The humorist Mark Twain once called reports of his death “an exaggeration.” The same goes for the endless fearmongering and scare stories about America’s most popular government program, Social Security.
On the contrary, the nation’s safety net for seniors is in remarkably good shape. The trust fund holds government securities worth nearly $2.9 trillion, just under its all-time high. In 2092, at the end of the latest 75-year projection, the inflow from payroll taxes would still be covering roughly three-quarters of scheduled worker benefits—without increasing the tax rate or raising the retirement age or making any other change. That’s the truth and nothing but the truth, according to the 2018 annual report of the Social Security board of trustees.
Never let the facts get in the way of false alarms. As recently as mid-October, Senate Majority Leader Mitch McConnell (R-KY) claimed that cuts in Social Security, Medicare and Medicaid were the only way to lower the federal deficit. He urged legislators to “address the real drivers of the debt” and “adjust those programs to the demographics of America in the future.”
Just-retired House Speaker Paul Ryan (R-WI) spent his entire Congressional career pushing the same notions. He doubled down in his farewell address, calling entitlement reform (the GOP camouflage for cuts) “our greatest unfinished business.”
An inconvenient truth: since McConnell became the Senate leader in 2015—with Ryan already leading the House—the deficit has risen by 77 percent. Judge for yourself whether they’re genuine fiscal hawks or the common faux variety. Putting it another way, ask them to choose between a slimmed-down deficit and fat tax cuts for corporations and the wealthy. (Oh, right, they already did.)
Linking Social Security to the nation’s red ink is hugely misleading. At the same time, it’s hugely true that demographic trends are continually pushing up total payouts. Sooner or later, Social Security will have to adjust to the new realities: longer life spans, more and more retirements (about 10,000 baby boomers turn 65 every day), fewer workers per beneficiary.
In 2018, for the first time since 1982, the latest numbers forced the Treasury to begin dipping into the trust fund to help pay benefits. That dipping will exhaust the fund by 2034. Unless Congress acts before then, payouts would have to be trimmed by about one-fifth.
Replacing 20 percent of benefits (or even increasing them, as Rep. John Larson (D-CT) has proposed) presents a modest fiscal challenge with several potential solutions. Most promising and most obvious: raise the payroll tax, and raise or eliminate the cap on earnings subject to the tax ($132,900 for 2019, adjusted annually for inflation). Going in the opposite direction, the shortfall could also be addressed with benefit cuts; e.g., lower payouts or a later retirement age.

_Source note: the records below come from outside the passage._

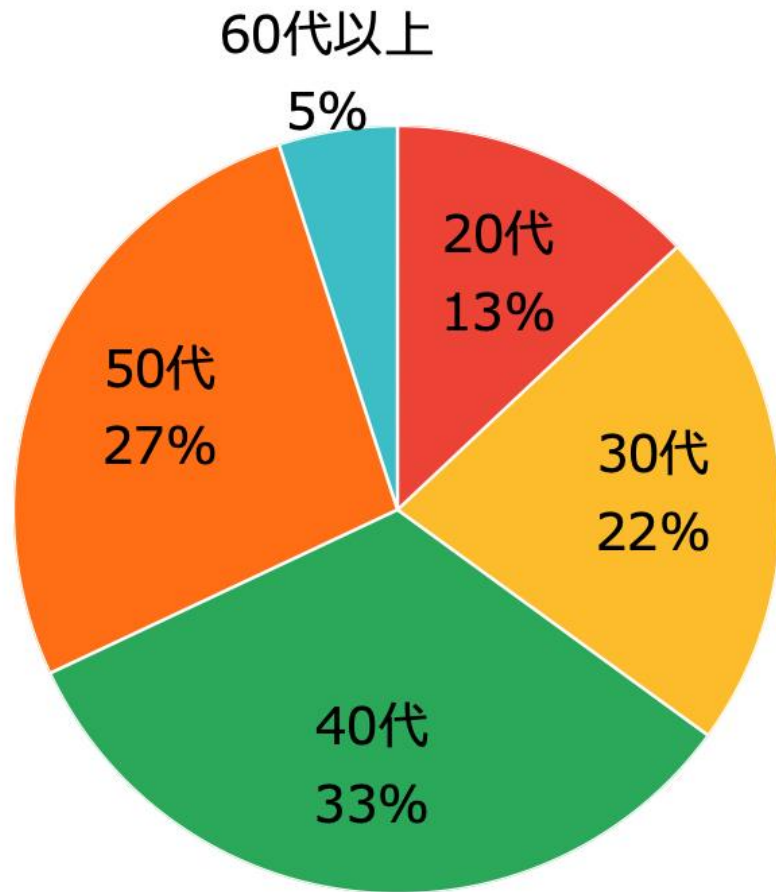

2023年10月22日サステナ経営検定2級試験アンケート結果

この度は、サステナ経営検定(旧CSR検定)2級第11回試験のアンケートにご協力いただきまして、誠にありがとうございます。275名の皆様からいただきました結果をご報告させていただきます。

皆様からいただきました、ご意見・ご感想は今後のサステナ経営検定運営に活かしてまいります。

受験者の年代

学生、団体、その他 各1%

受験者の所属先

2023年10月22日サステナ経営検定2級試験アンケート結果

この度は、サステナ経営検定(旧CSR検定)2級第11回試験のアンケートにご協力いただきまして、誠にありがとうございます。275名の皆様からいただきました結果をご報告させていただきます。

皆様からいただきました、ご意見・ご感想は今後のサステナ経営検定運営に活かしてまいります。

受験の動機（複数回答可）

2023年10月22日サステナ経営検定2級試験アンケート結果

この度は、サステナ経営検定(旧CSR検定)2級第11回試験のアンケートにご協力いただきまして、誠にありがとうございます。275名の皆様からいただきました結果をご報告させていただきます。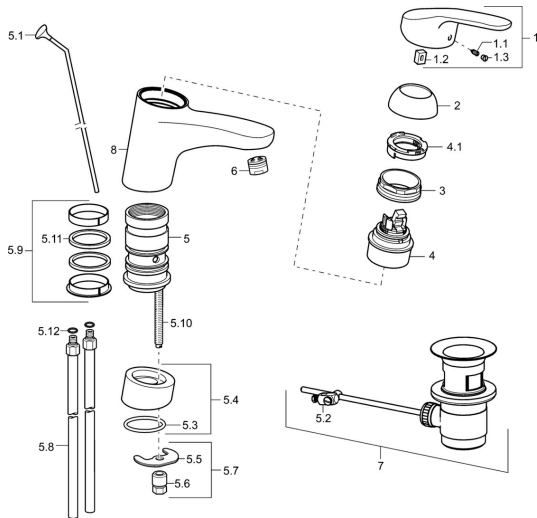

## Pièces de rechange

### SP01192183

	Nom	Code
1	Levier, L=93 mm Chrome	01880083
1	Levier long, L=138 Chrome	01880076
1.1	Vis, M5x8, SW2.5	59904755
1.2	Kit de joints pour bec	59904778
1.3	Capuchon Gris	59912112
2	Chape Chrome	59912647
3	Vis, M50x1, SW45	59904890
4	Cartouche, 4.8 eco	59904601
4.1	Hot water limiter	59904759
5.1	Tirette de vidage Chrome <b>Arrêté</b>	59914050
5.2	Joint	59904624
5.4	Plaques de compensation Chrome	59914051
5.5	Fixing plate	59904765
5.6	Vis, M8x1, SW13	59904766
5.7	Ensemble de fixation	59910749
5.8	Tuyau de raccordement, L=430, M10x1	59912550
5.9	Set de fixation pour bec	59912646
5.10	Vis, M8x1, L=140	59912474
5.11	Joint, 40.3x6	59911387
5.12	Joint, d 7.65x1.78	59902337
6	Aérateur, M24x1 (2011-)	59913739
7	Vidage Chrome	59904620
8	Bec Chrome <b>Arrêté</b>	59914052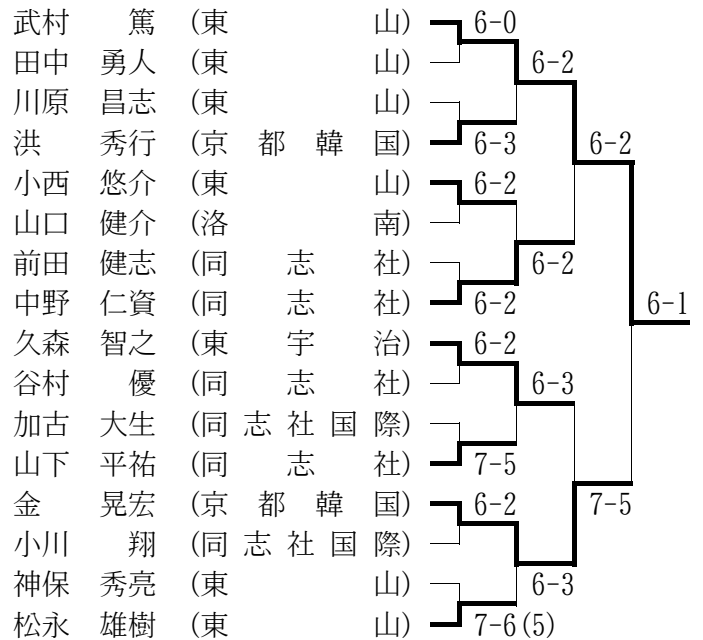

- 15位 荒木 麻友 (立命館宇治)

○女子ダブルス

該当者なし

■京都府高等学校春季テニス大会

期日：平成13年4月2日～4月3日

会場：太陽か丘・伏見港テニスコート

○男子シングルス (Best 16以上を掲載)

予選免除：大吉浩太(東山) <トヨタジュニア全国大会による>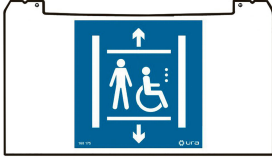

Porte-pictogramme signalétique Practice Evolution avec localisation Ascenseurs

Réf : 168175 - gamme : PRACTICE EVOLUTION

Garantie : 2 ans 

Caractéristiques produit

- Porte-pictogramme sérigraphié signalétique Practice Évolution avec localisation Ascenseurs - 188x107mm - utilisable en simple ou double face
- Dimensions du pictogramme: 90 x 180 mm
 - Pictogramme ascenseur de couleur bleue
 - Utilisation en simple ou double face

Les produit Installation

Pictogramme sérigraphié sur plaque mono bloc: facilite la mise en place de la plaque sur le BAES ou le LSC

Les produit Usage

La sérigraphie et la taille de cette plaque de signalisation rendent l'intégration de cette signalétique optimale dans les bâtiments

Réf : 168175

Caractéristiques techniques

Modèle	plaque en verre acrylique
Double face	NON
Signification du pictogramme	autre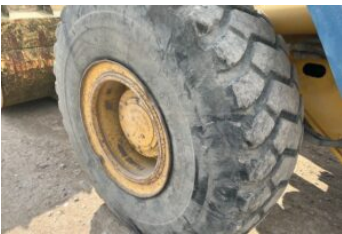

# YTO YTO ZL50F

Stocknummer	105234
Merk	YTO
Type	ZL50F
Jaar	2008
Chassisnummer	20310623
Uren	5832
Motorvermogen (kw)	162KW
Motorvermogen (pk)	220 PK
Eigen gewicht	16500 Kg.

€15.000,00 excl. BTW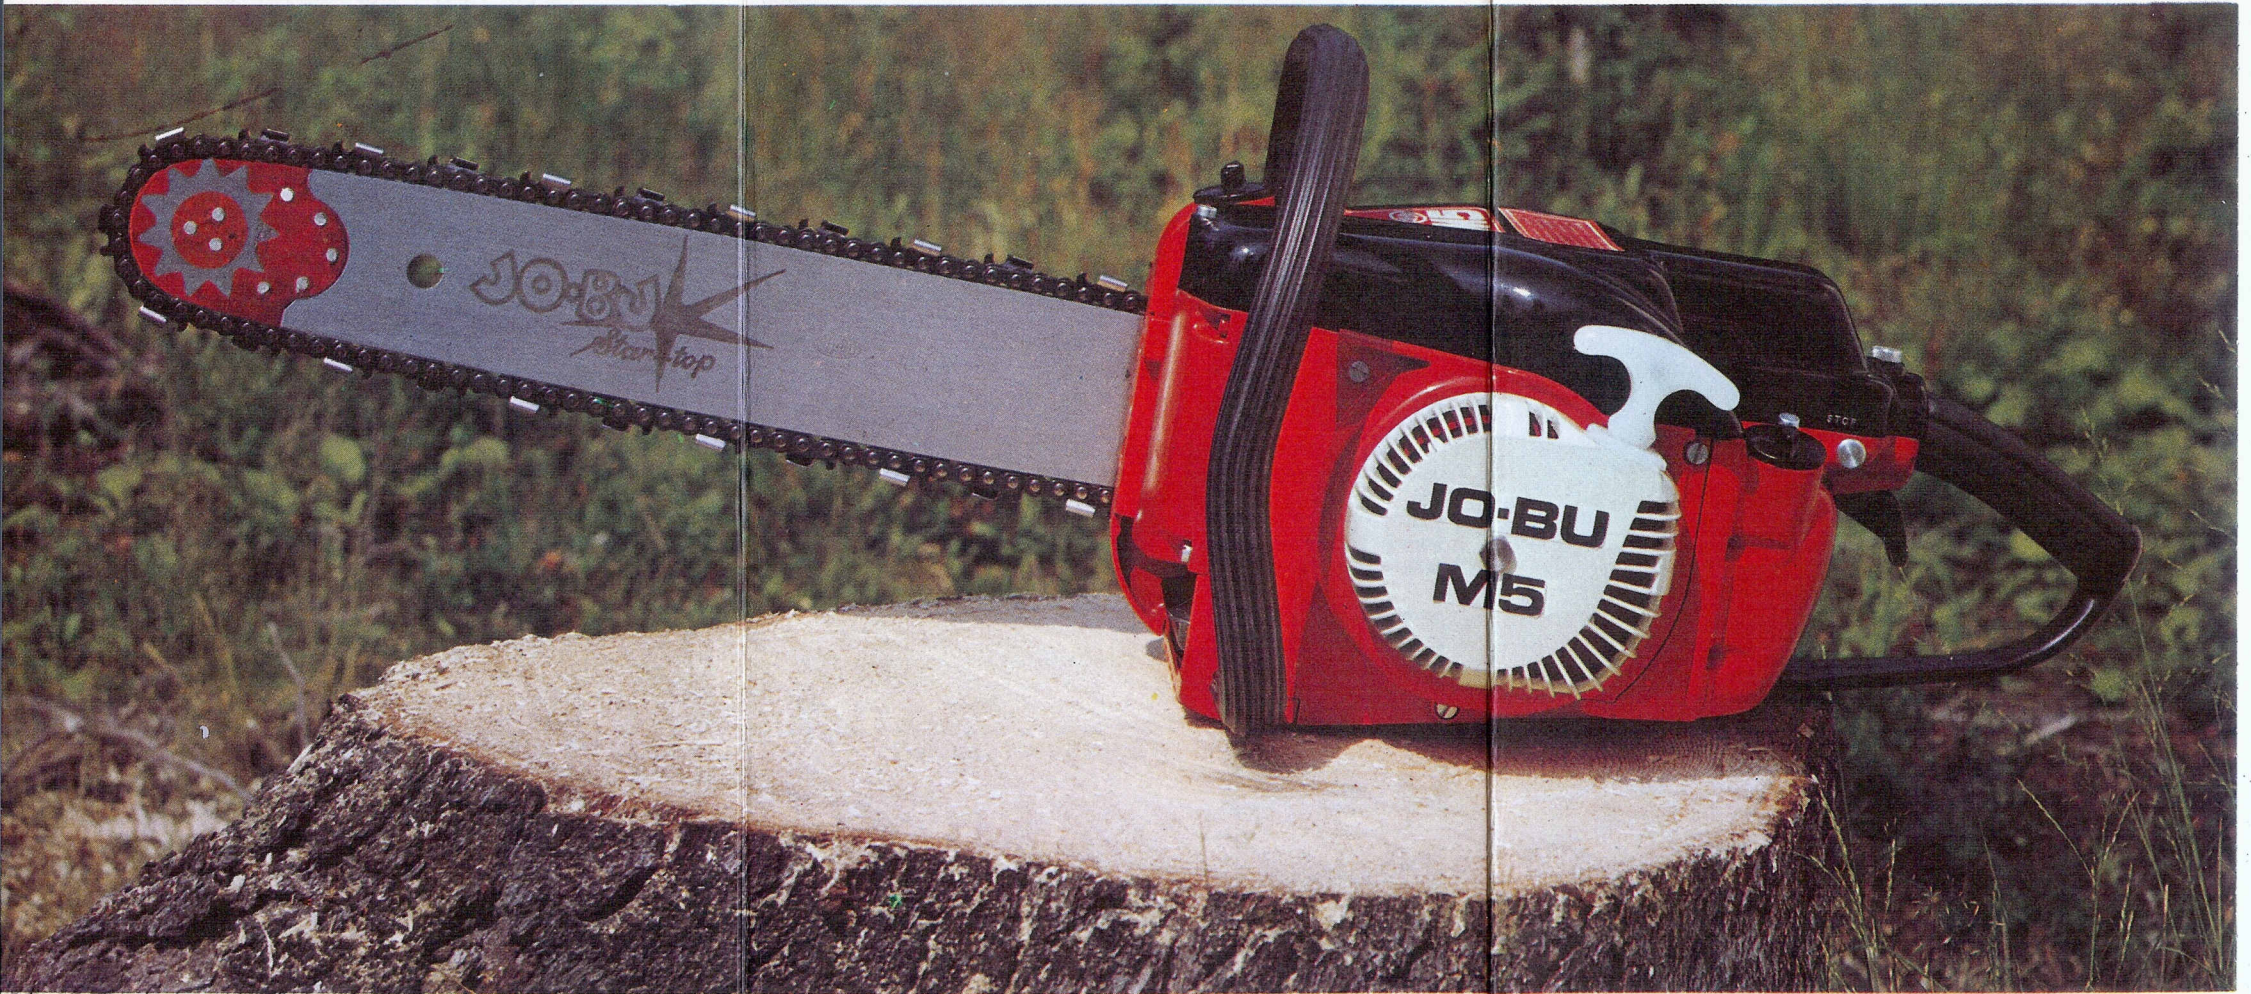

JO-BU M5

mjuk i handen - vass i bettet

While the fiscal challenge is modest, the political challenge is monumental. Reaching common ground on the right fix is all but certain to touch off an epic battle. (Make that uber-epic. The epic battle came with the last Social Security reform in 1983, back in the days of functional government.)
The coming struggle also offers a golden opportunity to resurrect the common good as the government’s overriding goal. The name itself reminds us that we’re all in this together: it’s Social Security, not Individual Security. Few laws speak as directly to our oneness as the preamble to the Social Security Act of 1935: “An act to provide for the general welfare by establishing a system of Federal old-age benefits, and by enabling the several States to make more adequate provision for aged persons, blind persons, dependent and crippled children, maternal and child welfare…”
In the spirit of ’35, House Speaker Nancy Pelosi (D-CA) and Minority Leader Kevin McCarthy (R-CA) should immediately begin negotiating Social Security’s second major overhaul. The trustees concluded their 2018 overview by urging “that lawmakers address the projected trust fund shortfalls in a timely way in order to phase in necessary changes gradually.” It’s simple arithmetic: “Implementing changes sooner rather than later would allow more generations to share in the needed revenue increases or reductions in scheduled benefits and could preserve more trust fund reserves to help finance future benefits.”
Time is money; for Social Security reform, time is humongous amounts of money.
The 1983 changes took root in 1981, when President Reagan created the National Commission on Social Security Reform (a.k.a. the Greenspan Commission). The urgency then was far greater than it is now; when Reagan finally signed the bill, the trust fund was only three months away from wipe-out. Starting 2019, we’ve got 15 years. Even today’s sharply-divided Congress should be able to do it.
Then comes the president’s signature. If Trump is still in office, a political irony would be coming around again—a Republican president signing off on the reform of an archetypal New Deal program.
Something else would be coming around again too: rumors of Social Security’s death would turn out to be greatly exaggerated.